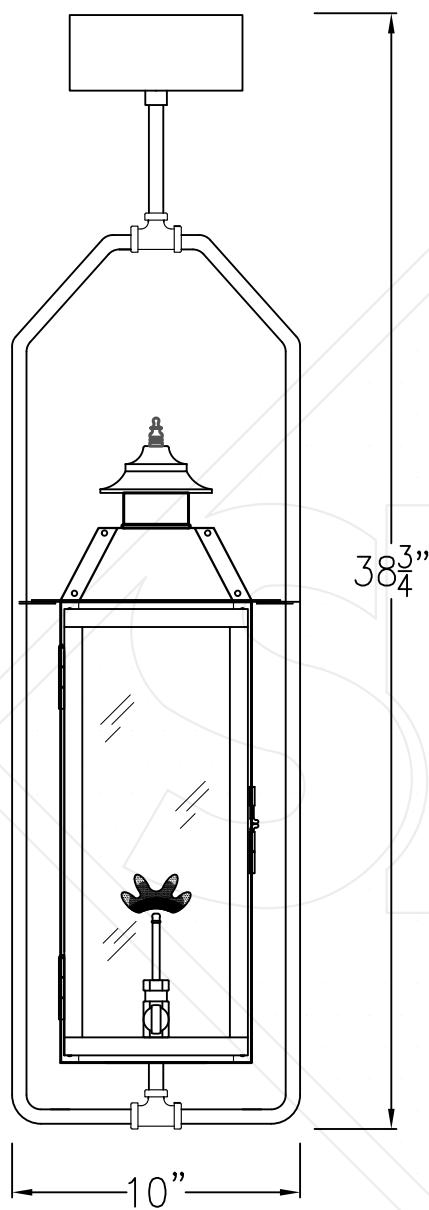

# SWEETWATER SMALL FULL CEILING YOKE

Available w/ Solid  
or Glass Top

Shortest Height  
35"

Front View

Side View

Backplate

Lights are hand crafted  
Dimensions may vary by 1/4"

* * * * * * *

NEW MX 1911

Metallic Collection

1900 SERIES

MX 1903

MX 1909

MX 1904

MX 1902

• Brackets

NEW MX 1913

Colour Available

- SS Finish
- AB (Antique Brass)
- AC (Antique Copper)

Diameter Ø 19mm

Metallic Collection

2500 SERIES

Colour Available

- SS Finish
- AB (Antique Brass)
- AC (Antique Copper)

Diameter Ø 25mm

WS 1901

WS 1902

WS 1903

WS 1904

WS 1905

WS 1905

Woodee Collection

* * * * * * *

*YOUR INSTRUCTIONS*
Referring to the material above, set down exactly the lines between the line with "Shortest Height" and the line with "Dimensions may vary", inclusive, and no other lines.

*TASK OUTPUT*
Shortest Height  
35"

Front View

Side View

Backplate

Lights are hand crafted  
Dimensions may vary by 1/4"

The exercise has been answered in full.